Bien es cierto que las cuestiones que se pueden plantear son muy numerosas, p. ej.: las relativas a la naturaleza de la definición lexicográfica o al lugar que ocupan los vocabularios, glosarios o diccionarios especiales en el conjunto de los diversos diccionarios -señaladamente en relación con el diccionario 'enciclopédido' y el 'diccionario general de la lengua'-, también las que hacen referencia a la enseñanza de una lengua extranjera con fines específicos, etc., etc. Sin embargo, las limitaciones obvias de una comunicación como ésta nos llevan a fijarnos en un aspecto particular de los lenguajes científico-técnicos.

En una monografía sobre las lenguas especiales, éstas vendrían a ser básicamente variaciones en cuanto al léxico de la lengua general. De ahí que, generalmente, al tratar de las lenguas especiales, las cuestiones que se plantean sean las relativas al léxico y que habitualmente se hable de vocabulario, glosario, etc. de esta o aquella lengua especial.

Si intentamos desvelar las definiciones al uso de las lenguas especiales se advierte que son básicamente negativas, pues están definidas del siguiente modo:

(1) Extensionalmente, en virtud de un criterio sociológico horizontal: las lenguas especiales no son dialectos ni constituyen niveles socioculturales del lenguaje, ni estilos de lengua.

(2) Intensionalmente, señalando solamente que las lenguas especiales son variaciones de sistema de la lengua común en tanto que son identificables en el léxico y en menor grado, tal vez, en la sintaxis.

En nuestra opinión -hace ya tiempo manifestada- es aceptable una tipología de las lenguas especiales que distinga los tres tipos siguientes:

(1) Los lenguajes científico-técnicos: lenguajes de las ciencias en la descripción científica de sus propios objetos y por los propios investigadores, p. ej.: el lenguaje de la Química, de la Biología, de la Lingüística, obviamente, etc.
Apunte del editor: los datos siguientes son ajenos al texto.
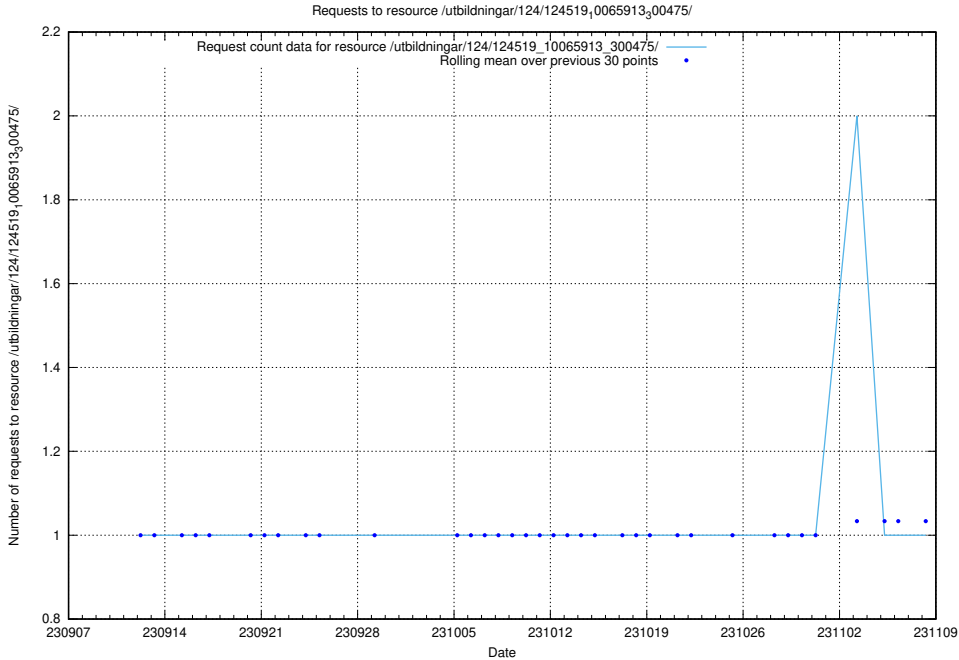

5.4250 Usage of /utbildningar/124/124519_10065913_300475/

Here, we count the number of requests to resource /utbildningar/124/124519_10065913_300475/.

(2) Los lenguajes sectoriales: lenguajes de actividades y profesiones distintas, p. ej.: el lenguaje deportivo, el lenguaje periodístico, el lenguaje político, etc.

(3) Los argots o jergas: lenguas de grupos sociales marginados, con finalidad críptica, p. ej.: las jergas de oficios y profesiones, jergas de la 'mala vida', etc., etc.
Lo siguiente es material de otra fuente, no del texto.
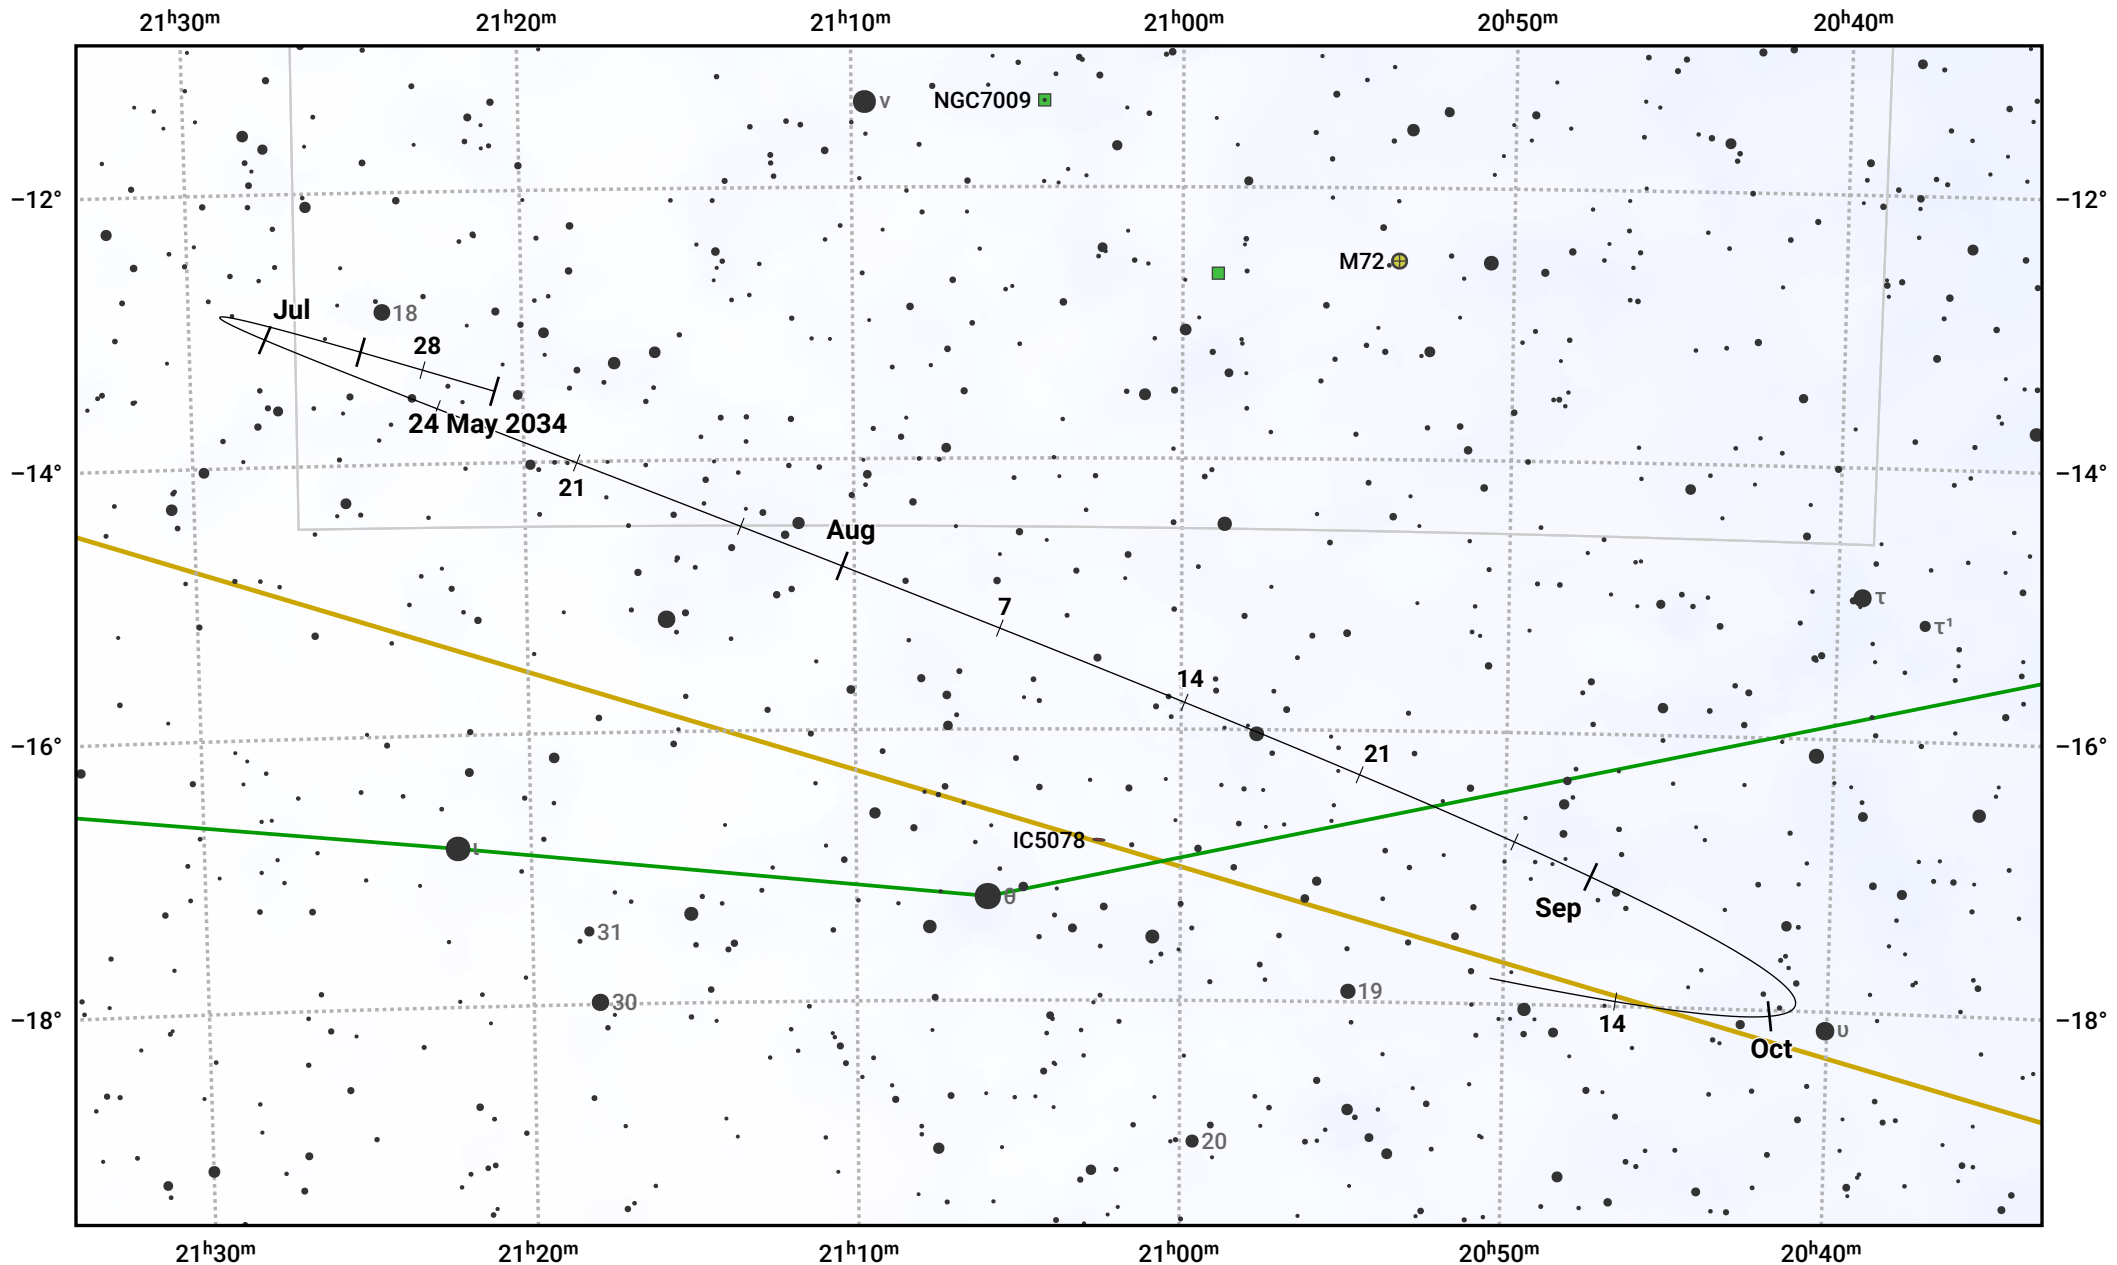

The path of Asteroid 16 Psyche around opposition on 7 Aug 2034

© Dominic Ford 2011–2024. Date markers placed at midnight UTC. Downloaded from <https://in-the-sky.org>

Magnitude scale: • 10.0 • 9.0 • 8.0 • 7.0 • 6.0 • 5.0 • 4.0

— Ecliptic Plane

● Galaxy
 ■ Bright nebula
 ● Open cluster
 ⊕ Globular cluster

Date	Mag
2034 Jun 1	11.2
2034 Jul 1	10.6
2034 Jul 13	10.3
2034 Aug 1	9.8
2034 Sep 1	10.2
2034 Oct 1	10.8

Ahora bien, resta elaborar unos criterios que de una forma lo más estrictamente lingüística posible permitan justificar, en su caso, esta tipificación de las lenguas especiales que hemos adoptado. Así pues, ¿por qué a estos tres tipos de lenguajes se los denomina especiales? A nuestro juicio, por el carácter social y culturalmente especial de dos factores extralingüísticos que, por lo demás, entran en juego en cualquier hecho de lengua:

a) Un componente 'sociológico': la lengua es un hecho social y funciona dentro de los grupos sociales; cada grupo social crea y conforma su propia lengua.

b) Un componente 'temático': la lengua transmite unos contenidos, designa unos determinados objetos y relaciones.

Ahora bien, no todas las lenguas especiales 'dosifican' -si se puede hablar así- de la misma manera la preponderancia de cada uno de estos factores extralingüísticos. Las distintas lenguas especiales forman un continuum en el que los componentes 'temático' y 'sociológico' alternan su influencia o reflejo en/a través del lenguaje, de tal manera que los pasos de una a otra realidad lingüística son graduales. Forman, pues, las lenguas especiales una escala en la que es pertinente distinguir tres puntos o zonas: los dos términos polares y lo demás. En realidad, donde el análisis es plenamente discriminatorio es en los extremos de la escala, constituido por los lenguajes científico-técnico y las jergas o argots.

Para los lenguajes científico-técnicos tiene una preponderancia absoluta el factor 'temático', es decir, la designación exacta e inequívoca de los contenidos referidos. Este hecho, desde el punto de vista lingüístico se refleja en dos rasgos:

(1) La operatividad en el signo científico-técnico del principio de consustancialidad cuantitativa, es decir, que la asociación entre significante y significado ha de interpretarse como una relación biunívoca: a un significante no puede corresponder más que un único significado y viceversa.

(2) Las unidades de los sistemas léxico científico-técnicos no tienen valor lingüístico, su valor es extralingüístico y a priori de su uso en el lenguaje. En otros términos el dominio nocional de una ciencia está construido y conformado como tal independientemente de la actuación lingüística. La creatividad lingüística es nula en los lenguajes científico-técnicos, que, por ello, son simples 'nomenclaturas'. lenguajes científico-técnicos de los fenómenos de polisemia y sinonimia y el carácter interlingüístico de estos lenguajes para los que la 'traducción' deja de ser tal, pues se reduce a una simple adaptación fonético-morfológica.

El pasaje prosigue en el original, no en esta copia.